Hezbollah e Israele, prova muscolare ma senza escalation (per ora)
Ascolta la versione audio dell'articolo
A fronte del massiccio impiego di armi, il 25 agosto, da parte di Israele ed Hezbollah, i danni e le vittime sembrerebbero limitati per entrambi i belligeranti. L’impressione è che sia stata un’esibizione muscolare, in cui nessuno puntava all’escalation. Ma il fronte resta caldo.

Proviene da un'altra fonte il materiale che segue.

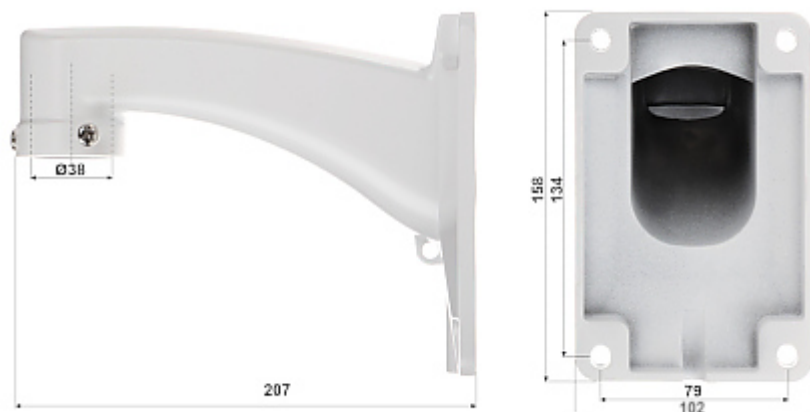

PRESENTATION

Bracket dimensions:

Camera connectors:

In the kit:

DELTA-OPTI Monika Matysiak; <https://www.delta.poznan.pl>
POL; 60-713 Poznań; Graniczna 10
e-mail: delta-opti@delta.poznan.pl; tel: +(48) 61 864 69 60
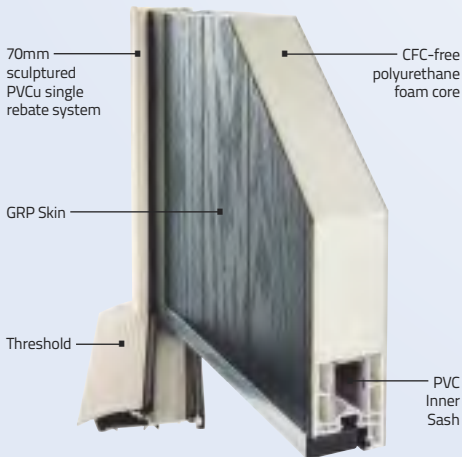

**Threshold Options Double Diamond**

**Wheelchair Access Threshold**

Distance from bottom of door leaf to bottom of threshold: 18mm

**Mobility Threshold**

Distance from bottom of door leaf to bottom of threshold: 18mm
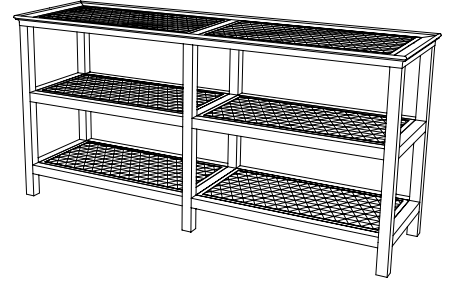

IATESTA
STUDIO

CANE & GLASS TABLE

14-0112
32"W x 18"D x 28"H

IATESTA STUDIO

FURNITURE
LIGHTING
ACCESSORIES
TEXTILES

CUSTOM SUGGESTIONS

Standard

As a console

With casters

As a coffee table v.1

With a drawer

As a coffee table v.2

Hand Made in Maryland
410.604.0360 (P)
410.604.0363 (F)
info@iatestastudio.com
iatestastudio.com

NOTE: Due to variations in printing, the colors shown here cannot absolutely represent true quality and hue. Prior to ordering, please confirm details of this tearsheet and reference finish samples available through your local showroom or sales representative. Line drawings are not drawn to scale.

CANE & GLASS TABLE

14-0112

32"W x 18"D x 28"H

Species: Cherry

Finish: C207 / Italian Walnut

Top & two shelves: Drop-in caned trays with inset glass

Custom sizes and finishes available

12.20
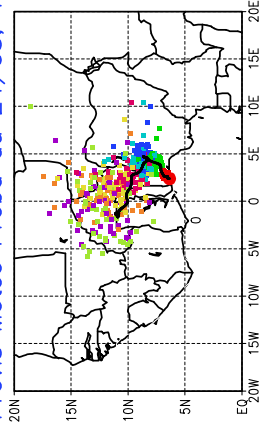

Ballons laches le 25/05/2006 (00 UTC), P = 850hPa

Previs Meteo Proba du 24/05, 12 UTC

Ballons laches le 25/05/2006 (12 UTC), P = 850hPa

Previs Meteo Proba du 24/05, 12 UTC

Previs Meteo Proba du 23/05, 12 UTC
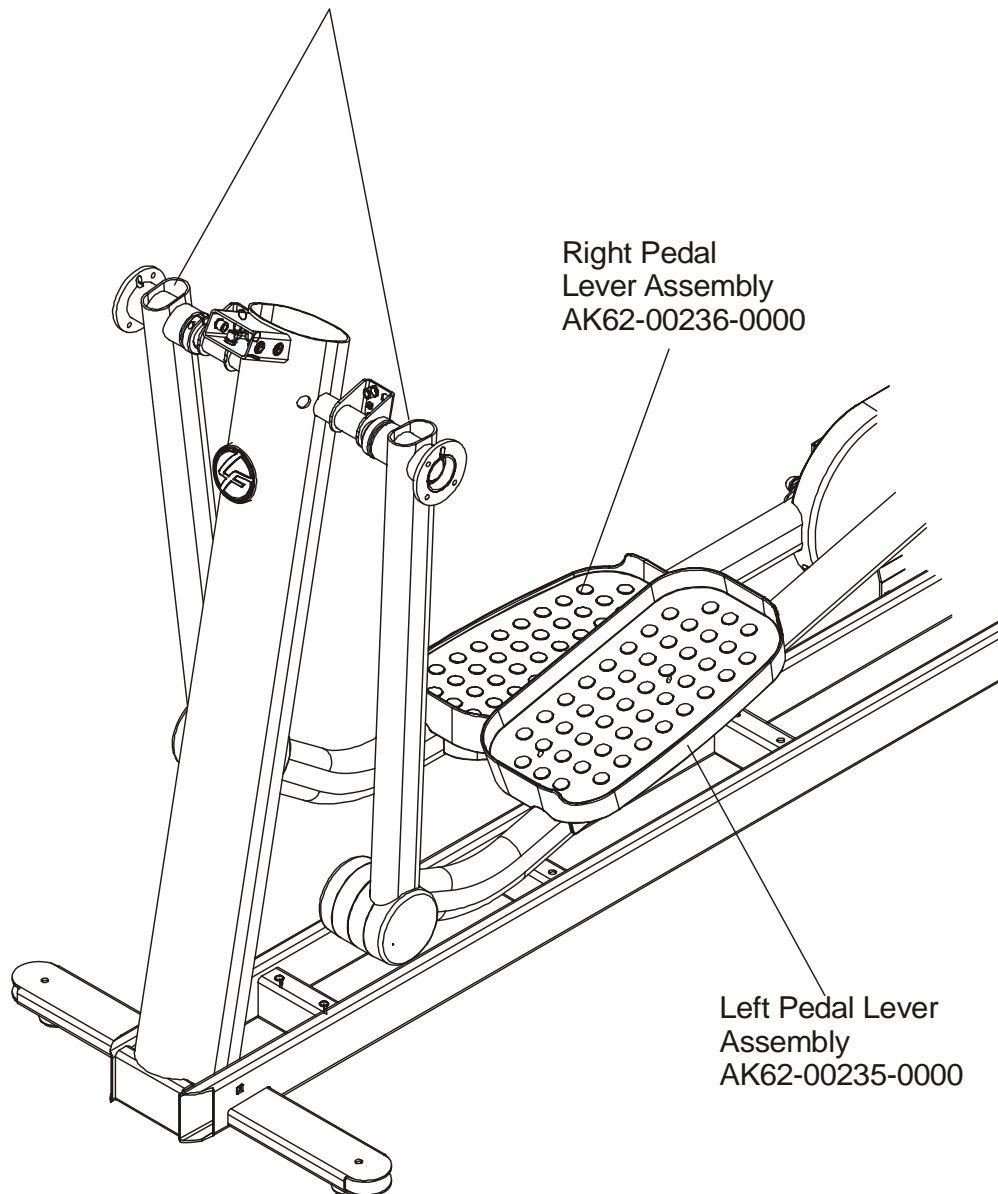

Rocker Arms Kit
GK62-00002-0070
contents:

- Rocker Arms (2)
- Hardened Spacers (2)
- Oillite Washers (2)
- Retaining Rings (2)
- *Loctite 620*
- Alcohol pad

Rocker Arms
AK62-00002-0070
Shaft Collar w/Screws
0K61-01259-0000

Israele ha giocato d’anticipo, attaccando nelle prime ore del 25 agosto le postazioni di razzi, droni e missili di Hezbollah poco prima che le milizie sciite libanesi scatenassero un pesante bombardamento sulla Galilea e le regioni centro-settentrionali dello Stato ebraico fino a colpire Tel Aviv, secondo le informazioni rese note dalle Forze di difesa israeliane (Idf). Un attacco preventivo che secondo gli israeliani avrebbe distrutto “migliaia” di rampe per il lancio di razzi nel Libano meridionale: un centinaio di aerei da combattimento hanno colpito una quarantina di aree di lancio delle milizie sciite. L'operazione è stata condotta prima dell'alba, alle 4, e mirava a prevenire un imminente attacco di Hezbollah, previsto per le 5.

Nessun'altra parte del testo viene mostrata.